College of Design Chooses Matt Checkowski ‘98 as 2024 Distinguished Alumnus
The College of Design is proud to recognize Matt Checkowski [BGD ‘98] as this year’s distinguished alumnus. Checkowski, vice president of multisensory brand innovation & strategy at Mastercard, will be honored at the Wolfpack Boards Luncheon in October and serve as the College of Design spring 2025 commencement speaker.
The Distinguished Alumni Award recognizes the significant achievements of a talented and committed group of individuals. Recipients of this award are design professionals representing the disciplines of the college. They are individuals who have made significant contributions to new insights, fostering original ideas and searching for added knowledge.
Matt Checkowski’s work explores the intersections of design, narrative and technology, working across boundaries to elevate and expand storytelling.
His work includes Glyph, an A.I. artwork in the Dallas Museum of Art’s permanent collection, the iconic dream sequences in Minority Report, and media content for a sci-fi opera with M.I.T. As the founder and principal of The Department of the 4th Dimension, a brand innovation agency, he has partnered with Sephora, Monday Night Football and the University of California System.
An accomplished filmmaker and storyteller, Matt directed the feature film, Lies & Alibis, starring Steve Coogan and Rebecca Romijn, and proudly serves on the board of Young Storytellers, an arts non-profit that equips young people to be the driving force in their own narratives.
Matt arrived at NC State as a first-generation college student, hoping to pursue a creative career that made his parents nervous. He found a home in the College of Design that “not only validated those crazy ideas but gave me what I needed to step into this world and build a career paving my own path and doing what I always dreamed of doing.”

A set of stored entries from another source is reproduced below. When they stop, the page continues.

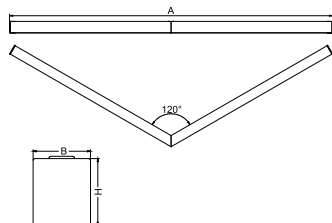

Informacje o produkcie

Kategoria	Oprawy architektoniczne
Rodzina	SNAKE V LED
Nazwa	SNAKE V LED 8800 PLX E 24 830
Indeks	19.4093.2411.24
EAN	5901867463722

Dane świetlne i elektryczne

Typ źródła	LED
Strumień LED [lm]	8811
Moc LED [W]	46,8
Strumień oprawy [lm]	5873
Moc oprawy [W]	49,1
Skuteczność świetlna oprawy [lm/W]	119,6
Temperatura barwowa [K]	3000
CRI	>80
SDCM (źródła LED)	3
Kąt rozsyłu światła [°]	(C0-C180) / (C90-C270) - 109° / 107,2°
Klasa ochrony	I
Stopień szczelności	IP20
Zasilanie	220..240 V, 50..60 Hz
Żywotność LED [h]	100000 (1) / 147000 (2)
Lx/By	L80/B10 (1) / L70/B50 (2)
Temperatura otoczenia [°C]	5 ÷ 30
Zasilacz elektroniczny	standard (E)
Współczynnik mocy cos φ	>0,95
Obciążalność obwodów	15 (B10), 25 (B16), 24 (C10), 38 (C16)

Dane mechaniczne

Montaż	nastropowy lub na zwieszakach po zastosowaniu akcesoriów
Materiał	aluminium
Kolor	anodowane aluminium
Przesłona	PLX (opalizowane PMMA)
Odporność mechaniczna	IK04
Wymiary [mm]	1150/1150 x 63 x 74

Fotometria

Akcesoria

Indeks 6E1-500KWAN1P-3

Nazwa SUSPENSION NEW TYPE-A 24
LENGHT 1,5M WIRE 3X 1-
POINT

Indeks 6E1-8670-B-1,5-3X

Nazwa SUSPENSION NEW TYPE-F
LENGHT-1,5 METER WIRE 3X 1-
POINT

Indeks 19.3272.1205.00

Nazwa SUSPENSION NEW TYPE-E
LENGHT-1,5 METER WITHOUT
WIRE 1-POINT

Indeks 6E1-500KWAN1P-B

Nazwa SUSPENSION NEW TYPE-B 24
LENGHT 1,5M WITHOUT WIRE
1-POINT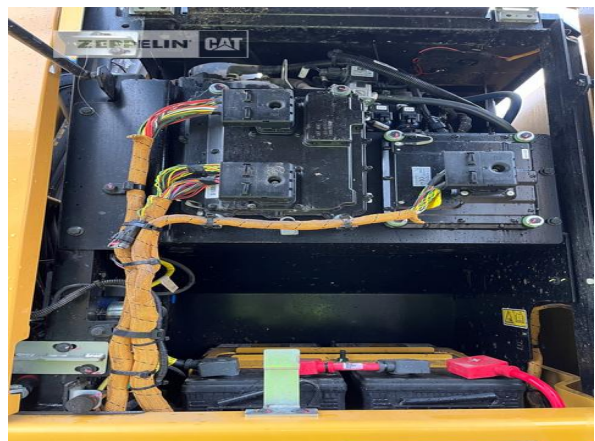

Cat MH3024-06C
Serien-Nr.: FB700762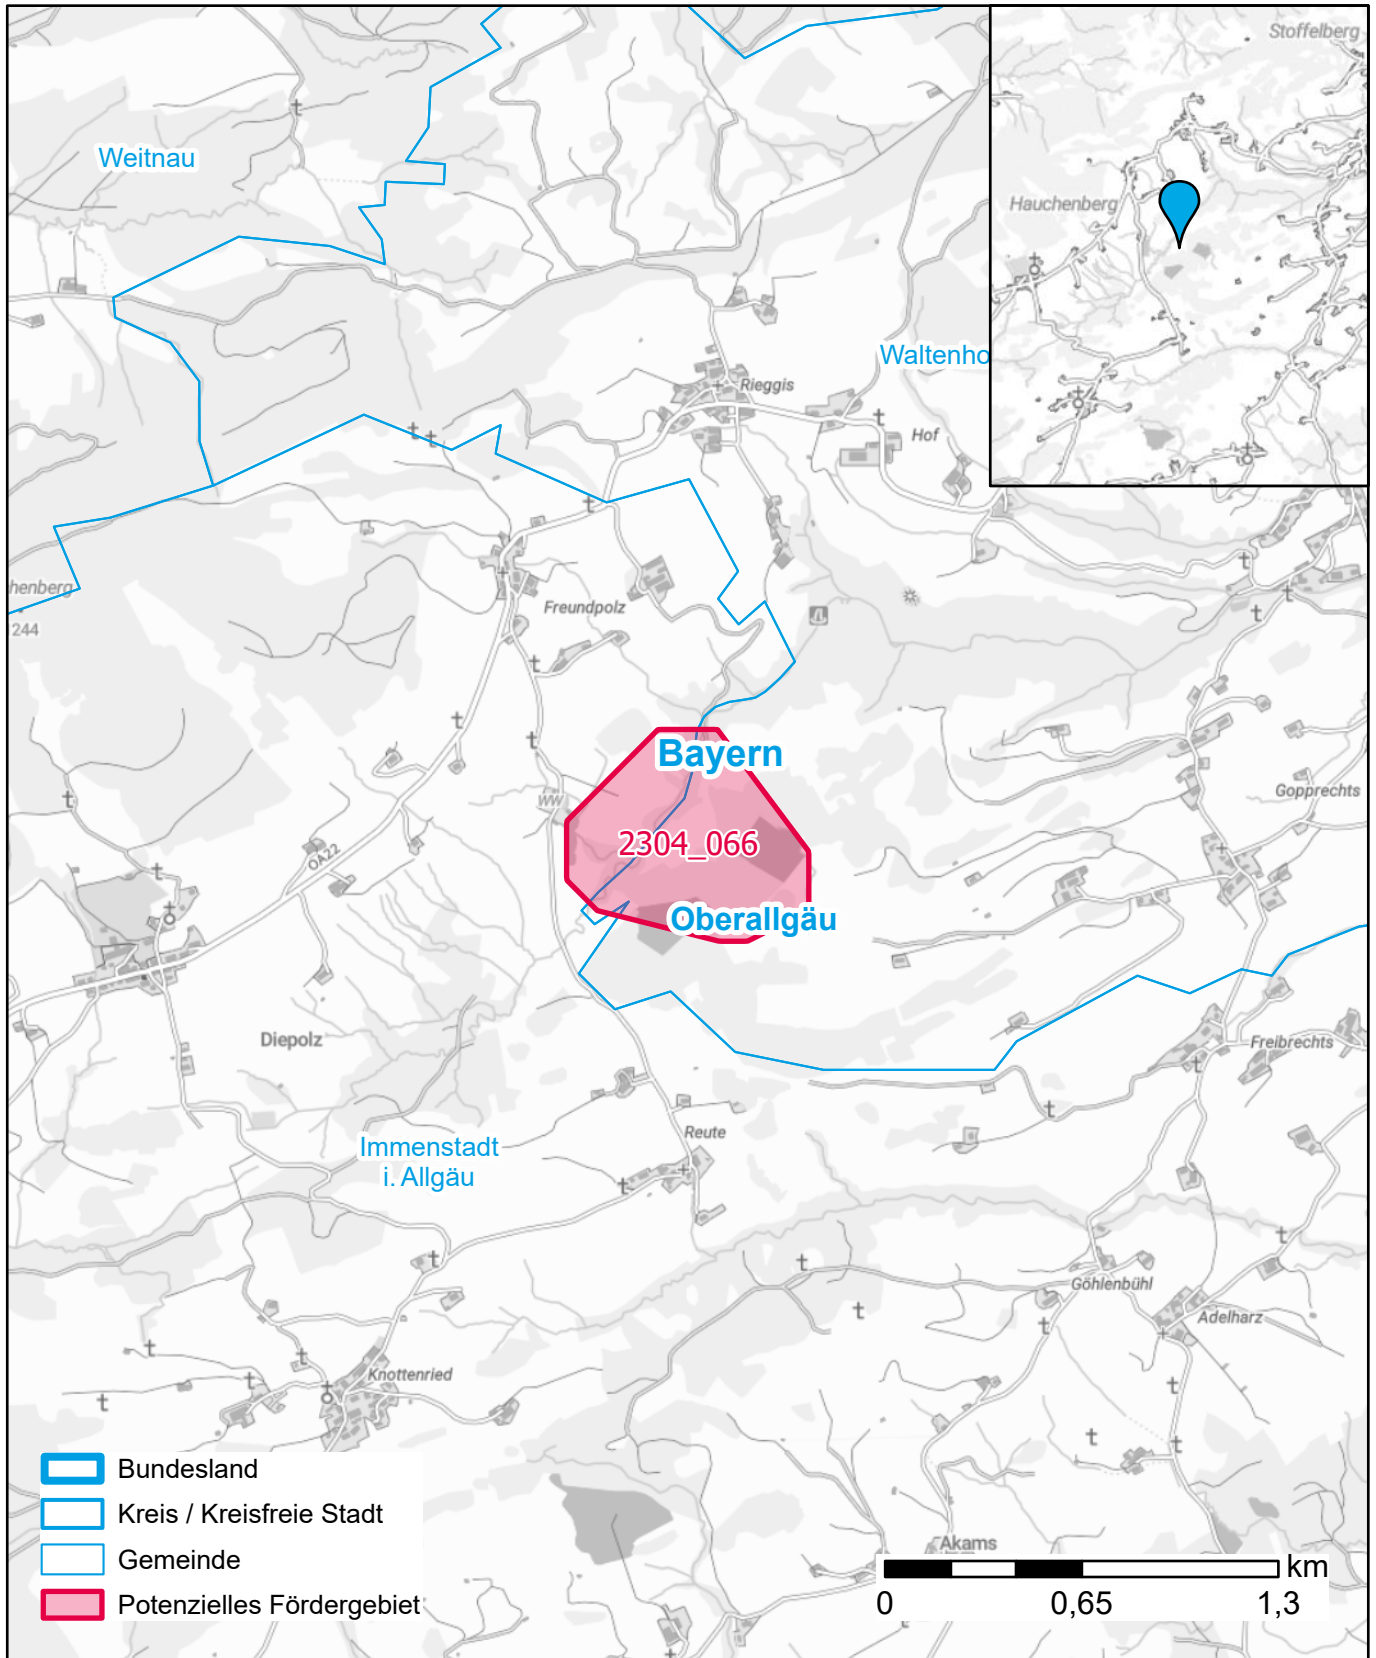

Markterkundungsverfahren zur Schließung weißer Flecken

Bayern, Landkreis Oberallgäu

Gebiets-ID: 2304_066

Darstellung: Planstand Dezember 2023

Datenbasis: MIG April/Mai 2023

Hintergrundkarte: © GeoBasis-DE / BKG (2022)

His time as a student was one of rapid innovation, where students were just beginning to use computers in studio. “So much was in flux – I’d be getting torn apart in a critique by my professor for my poor typography skills, while at the same time being hired by grad students to code and build their interactive thesis projects,” he says.
One moment that stood out to him was a mid-semester meeting with Andrew Blauvelt. “About ten minutes into the meeting, he grabbed my sketchbook, flipped through it, and laughed — there weren’t any drawings or designs in it,” Matt recalls. “He said ‘only an NC State Design student would have a sketchbook full of only written ideas.’ We both kind of liked that.”
As this year’s recipient of the Distinguished Alumnus Award, Matt feels it’s an opportunity to come back to a place that meant so much to him. “It’s a chance to say thank you. Thank you for making all of this possible,” he says.
Today, he’s excited by the work that brings people into spaces between different perspectives and experiences. “ Sometimes that’s launching over the horizon towards possible futures, other times it’s a tiny step forward. That process is meaningful and essential for me as someone who is curious and on my own journey with and through my work, trying to figure out this crazy world,” he says. He finds meaning in helping people realize new possibilities and come together into a new understanding.
When asked to share a message with students, he gave two simple phrases: “Don’t wait for permission,” and “Use your powers for good.”